Your objective –
Below are the records. Retype, exactly, the lines from the first through the line with "Accessori linea TWO - HOOP - NOKÉ - FOLD", and leave out the pictures.

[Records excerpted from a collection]
▬▬▬

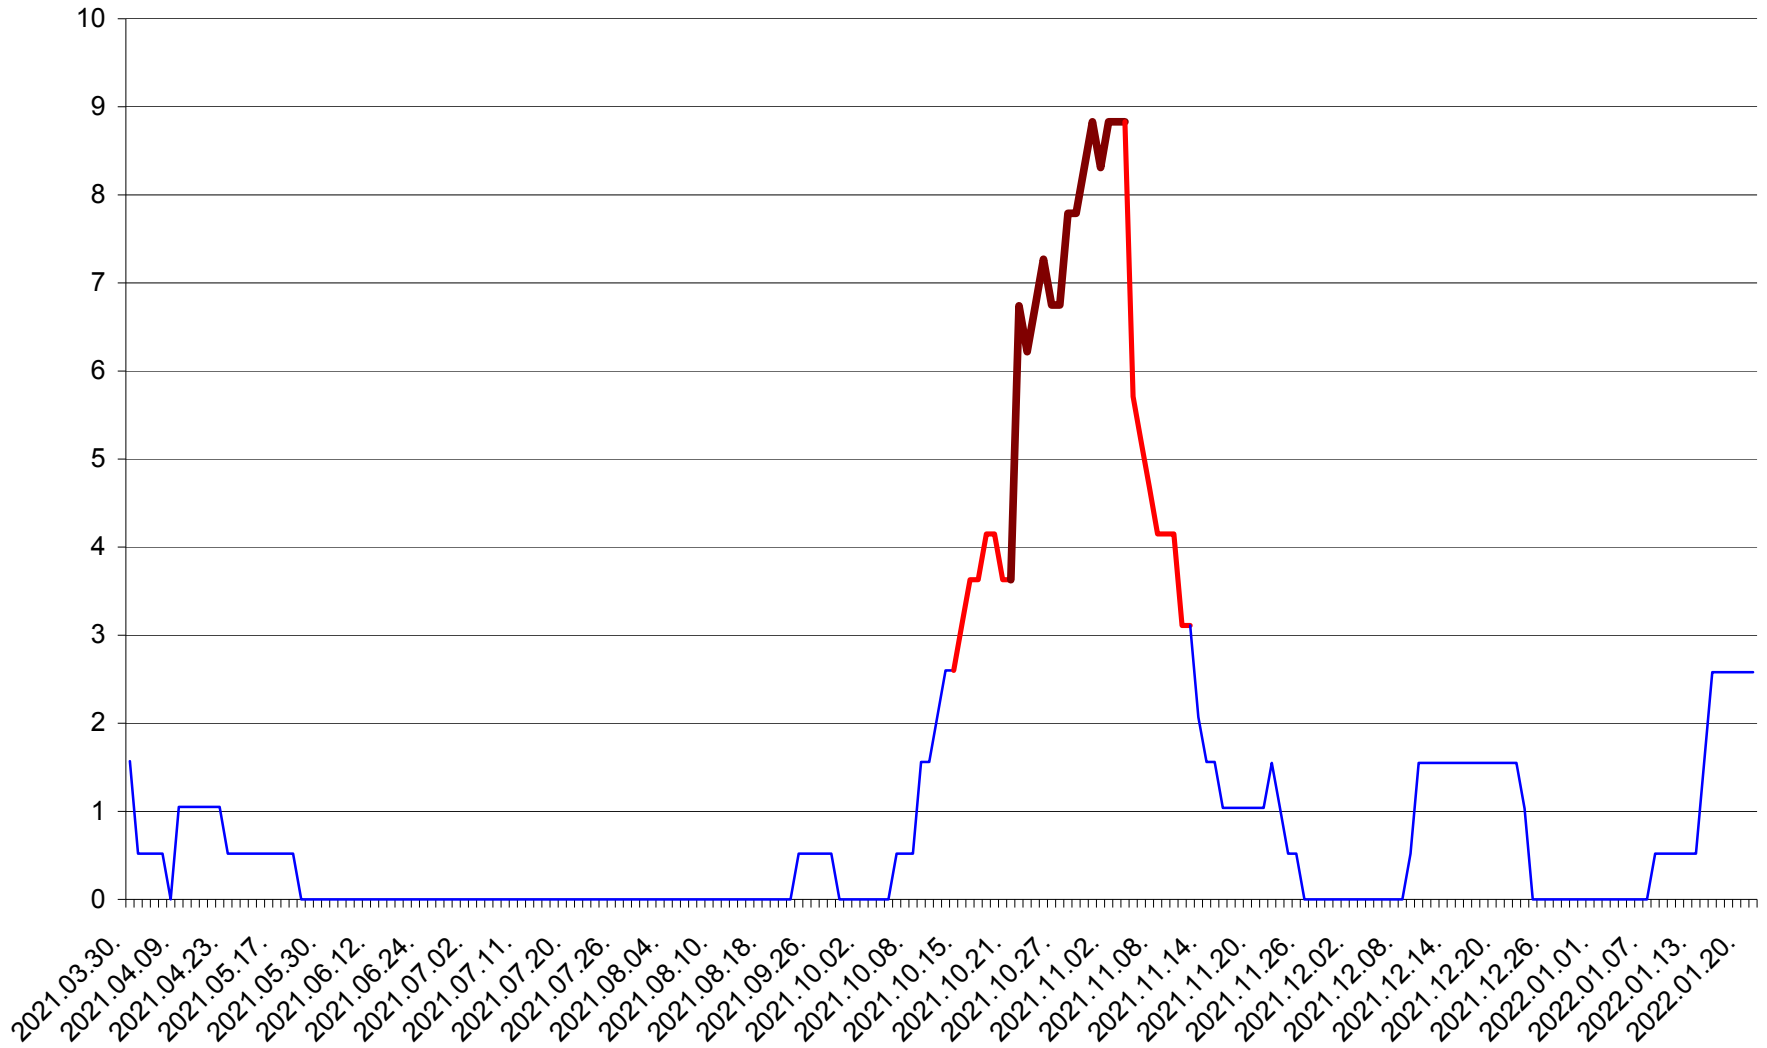

MIHĂILENI - Evolutia incidentei cumulate pe 14 zile la ‰ de locuitori
2021.04.01. - 2022.01.21.

MUGENI - Evolutia incidentei cumulate pe 14 zile la ‰ de locuitori
2021.04.01. - 2022.01.21.

OCLAND - Evolutia incidentei cumulate pe 14 zile la ‰ de locuitori
2021.04.01. - 2022.01.21.

MUNICIPIUL ODORHEIU SECUIESC - Evolutia incidentei cumulate pe 14 zile la ‰ de locuitori
2021.04.01. - 2022.01.21.

PĂULENI-CIUC - Evolutia incidentei cumulate pe 14 zile la ‰ de locuitori
2021.04.01. - 2022.01.21.

PLĂIEȘII DE JOS - Evolutia incidentei cumulate pe 14 zile la ‰ de locuitori
2021.04.01. - 2022.01.21.

PORUMBENI - Evolutia incidentei cumulate pe 14 zile la ‰ de locuitori
2021.04.01. - 2022.01.21.

PRAID - Evolutia incidentei cumulate pe 14 zile la ‰ de locuitori
2021.04.01. - 2022.01.21.

RACU - Evolutia incidentei cumulate pe 14 zile la ‰ de locuitori
2021.04.01. - 2022.01.21.

REMETEA - Evolutia incidentei cumulate pe 14 zile la % de locuitori
2021.04.01. - 2022.01.21.

SĂCEL - Evolutia incidentei cumulate pe 14 zile la ‰ de locuitori
2021.04.01. - 2022.01.21.
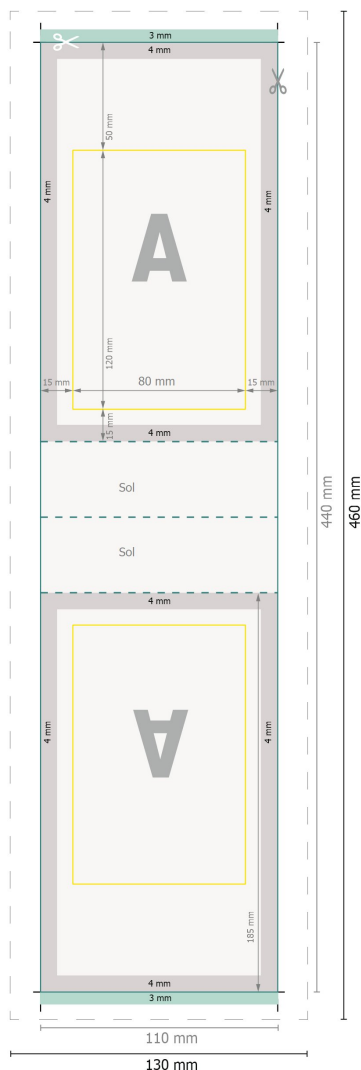

### Dimension du produit:

11 x 18,5 cm

### Format de données:

13 x 46 cm

### Format final:

11 x 44 cm

### Distance de sécurité:

4 mm

distance entre le texte/les informations et le bord du format final. Ceci empêche d'entamer le motif.
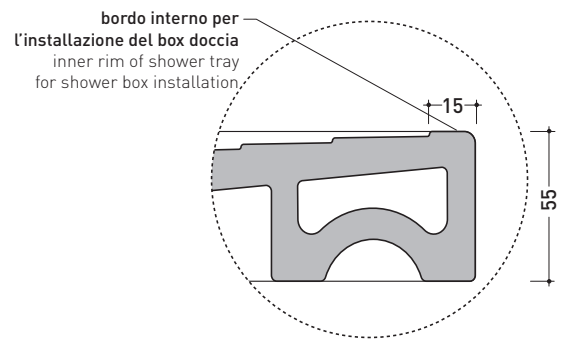

Water Drop

➔ **FLAMINIA.**

design **LUCA CIMARRA**

2005

DR80 Water Drop 80

Piatto doccia cm 80x80 da appoggio - incasso filo pavimento
(piletta e sifone ø 90 mm non incluso)

Complementi: **Cabina doccia componibile Bamboo**
Rubinetto doccia linea ONE - NOKÉ - SI - FOLD - X1
Accessori linea TWO - HOOP - NOKÉ - FOLD

Accessori tecnici: **Sifone con piletta Cromo ø 90 mm (PLFR)**
Sifone con piletta Ceramica ø 90 mm (PLFC)

Dim. Imballo **80,5 x 55 x 83 cm** | Peso **33 kg** | Pz. Pallet n° **10**

CE UNI EN 14527 Dop-No14527

PILETTA CONSIGLIATA / SUGGESTED DRAIN

Piletta sifonata / Drainage
Portata / Flow rate: **0,52 l/sec** (EN 274 >0,4 l/sec)

dimensioni in mm

Le misure dimensionali riportate hanno una tolleranza del 2%

CERAMIC: glossy finish
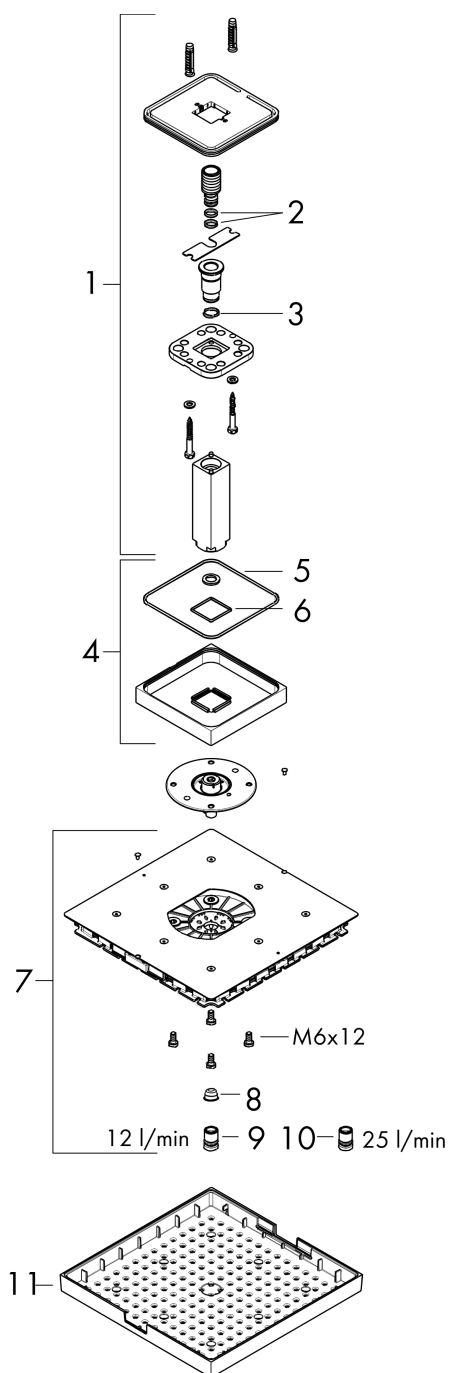

AXOR ShowerSolutions
Douche de tête 240 / 240 1jet avec raccordement plafond
 Surfaces: **bronze brossé** Numéro d'article: **10929140**

Caractéristiques

- comprenant : douche de tête, raccord plafond
- dimension: 240 x 240 mm
- jet RainAir
- matériau du disque de jet: métallique
- raccord plafond métallique
- débit du jet RainAir (sous 3 bars de pression): 12 l/min
- débit extensible à 25 l/min
- disque de jet amovible pour nettoyage
- type d'installation plafond
- ne convient pas au chauffe-eau instantané
- ACS 19 ACC LY 271, valide jusqu'au 23.10.2024

Détails de l'article

EAN 4011097833002

Technologie

Certificats

Photo du produit

Plan géométral

AXOR ShowerSolutions
Douche de tête 240 / 240 1jet avec raccordement plafond
 Surfaces: **bronze brossé** Numéro d'article: **10929140**

Schéma d'écoulement

Les valeurs de consommation ont été mesurées dans la pratique, avec les robinetteries correspondantes (thermostat/mélangeur/vanne sous crépi)

AXOR ShowerSolutions
Douche de tête 240 / 240 1jet avec raccordement plafond
 Surfaces: **bronze brossé** Numéro d'article: **10929140**

Vue éclatée

Année de construction: >11/16

AXOR ShowerSolutions
Douche de tête 240 / 240 1jet avec raccordement plafond
 Surfaces: **bronze brossé** Numéro d'article: **10929140**

Liste des pièces détachées
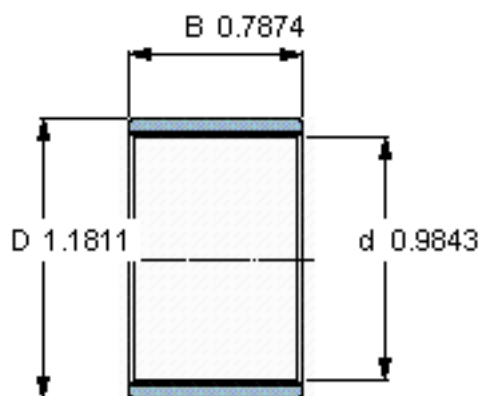

SKF PWM 253020参数

主要尺寸	d	25	mm	-
	D	30	mm	-
	B	20	mm	-
重量	重量	8	g	-
型号	型号	PWM 253020	-	-

SKF PWM 253020图片

参考资料:<http://www.sozhou.com/p/729f67e5.html>
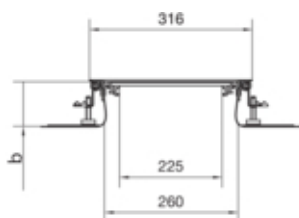

tehalit.BK Kanał współpoziomy boczna folia ochronna BKF
300x(145-190)mm stal

BKF300145

Funkcje

Możliwość odłączenia podstawy	tak
Otwór montażowy w pokrywie	nie

Pojemność

Maksymalna liczba przewodów (11 mm, 50% wypełnienia)	204
--	-----

Pokrywa / Drzwi / Element wierzchni

Grubość materiału pokrywy	3 mm
---------------------------	------

Materiał

Kolor	ocynkowany
Materiał	blacha stalowa ocynkowana
Grupa materiałowa	stal

Wymiary

Wysokość kanału	145 mm
Długość	2400 mm
Zakres poziomowania	145 / 190 mm
Szerokość produktu	300 mm

Instalacja / Montaż

Otwór montażowy	brak
Maks. obciążenia	2 kN / 3 kN

Przewód

Przekrój wewnętrzny / użyteczny	49400 mm
---------------------------------	----------

Wyposażenie

Liczba zapewnionych jednostek wbudowanych	3
Maksymalna liczba przedziałów	1
Z kanałem	nie
Ze ścianką grodziową	nie
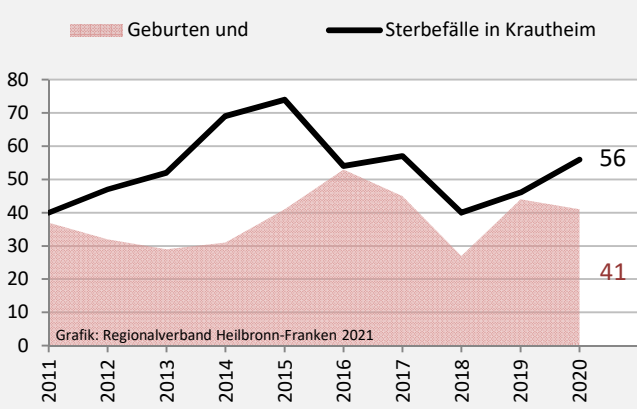

Krautheim - Bevölkerung

Bevölkerungsstand in Krautheim (2011 bis 2020)

Grafik: Regionalverband Heilbronn-Franken 2021

Bevölkerungsentwicklung in Krautheim (seit 2011)

Grafik: Regionalverband Heilbronn-Franken 2021

5-Jahres-Wertung (2016 - 2020): natürliche Bevölkerungsentwicklung pro 1.000 Einwohner

Wanderungssaldi Krautheim

Grafik: Regionalverband Heilbronn-Franken 2021

5-Jahres-Wertung (2016 - 2020): Wanderungsgewinne bzw. -verluste pro 1.000 Einwohner
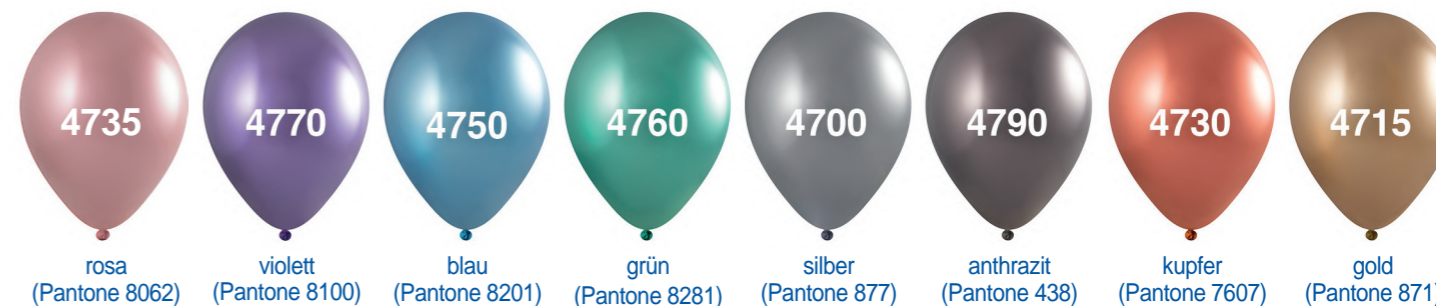

FARBKARTE LUFTBALLONS

- ✓ Innerhalb eines Auftrages können Sie so viele Ballonfarben wählen wie Sie möchten.
- ✓ Die genannten Pantonefarben sind annähernd.
- ✓ Ballongröße 75/85 ist nur in den folgenden Ballonfarben lieferbar:
  1100, 1110, 1120, 1130, 1131, 1040, 1070, 1151, 1150, 1056, 1061, 1160.
- ✓ Chromfarben sind nur im Ballongröße 90/100 erhältlich.
- ✓ Kristallfarben sind nur im Ballongröße 85/95 cm erhältlich
- ✓ Metallic und Chrome Ballons sind härter als Pastell Ballons, wodurch das angegebene Format kleiner ausfällt.

Pastell

Macaron

Kristall

Metallic

Chrome

Herzballons Pastell
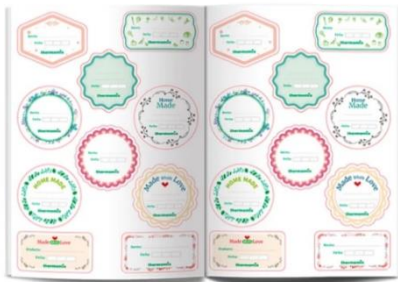

Thermomix® Sticker für Einmachgläser

1. Hersteller/Importeur

Vorwerk Deutschland
Mühlenweg 17-37
42270 Wuppertal

kundenservice@vorwerk.de

2. Produktmerkmale

50 liebevoll gestaltete Sticker für selbstgemachte Köstlichkeiten

14 Designs

Passen perfekt auf die Thermomix® Einmachgläser

Material: Klebstoff und beschichtetes Papier

Maße: Verschiedene Formen und Größen, passend zu den [Thermomix® Einmachgläsern](#)

Farbe: Weißer Hintergrund mit bunten Stickern

▬▬▬

Solution for this exercise –
MIHĂILENI - Evolutia incidentei cumulate pe 14 zile la ‰ de locuitori
2021.04.01. - 2022.01.21.

MUGENI - Evolutia incidentei cumulate pe 14 zile la ‰ de locuitori
2021.04.01. - 2022.01.21.

OCLAND - Evolutia incidentei cumulate pe 14 zile la ‰ de locuitori
2021.04.01. - 2022.01.21.

MUNICIPIUL ODORHEIU SECUIESC - Evolutia incidentei cumulate pe 14 zile la ‰ de locuitori
2021.04.01. - 2022.01.21.

PĂULENI-CIUC - Evolutia incidentei cumulate pe 14 zile la ‰ de locuitori
2021.04.01. - 2022.01.21.

PLĂIEȘII DE JOS - Evolutia incidentei cumulate pe 14 zile la ‰ de locuitori
2021.04.01. - 2022.01.21.

PORUMBENI - Evolutia incidentei cumulate pe 14 zile la ‰ de locuitori
2021.04.01. - 2022.01.21.

PRAID - Evolutia incidentei cumulate pe 14 zile la ‰ de locuitori
2021.04.01. - 2022.01.21.

RACU - Evolutia incidentei cumulate pe 14 zile la ‰ de locuitori
2021.04.01. - 2022.01.21.

REMETEA - Evolutia incidentei cumulate pe 14 zile la % de locuitori
2021.04.01. - 2022.01.21.

SĂCEL - Evolutia incidentei cumulate pe 14 zile la ‰ de locuitori
2021.04.01. - 2022.01.21.

### Dimension du produit:

11 x 18,5 cm

### Format de données:

13 x 46 cm

### Format final:

11 x 44 cm

### Distance de sécurité:

4 mm

distance entre le texte/les informations et le bord du format final. Ceci empêche d'entamer le motif.

Water Drop

➔ **FLAMINIA.**

design **LUCA CIMARRA**

2005

DR80 Water Drop 80

Piatto doccia cm 80x80 da appoggio - incasso filo pavimento
(piletta e sifone ø 90 mm non incluso)

Complementi: **Cabina doccia componibile Bamboo**
Rubinetto doccia linea ONE - NOKÉ - SI - FOLD - X1
Accessori linea TWO - HOOP - NOKÉ - FOLD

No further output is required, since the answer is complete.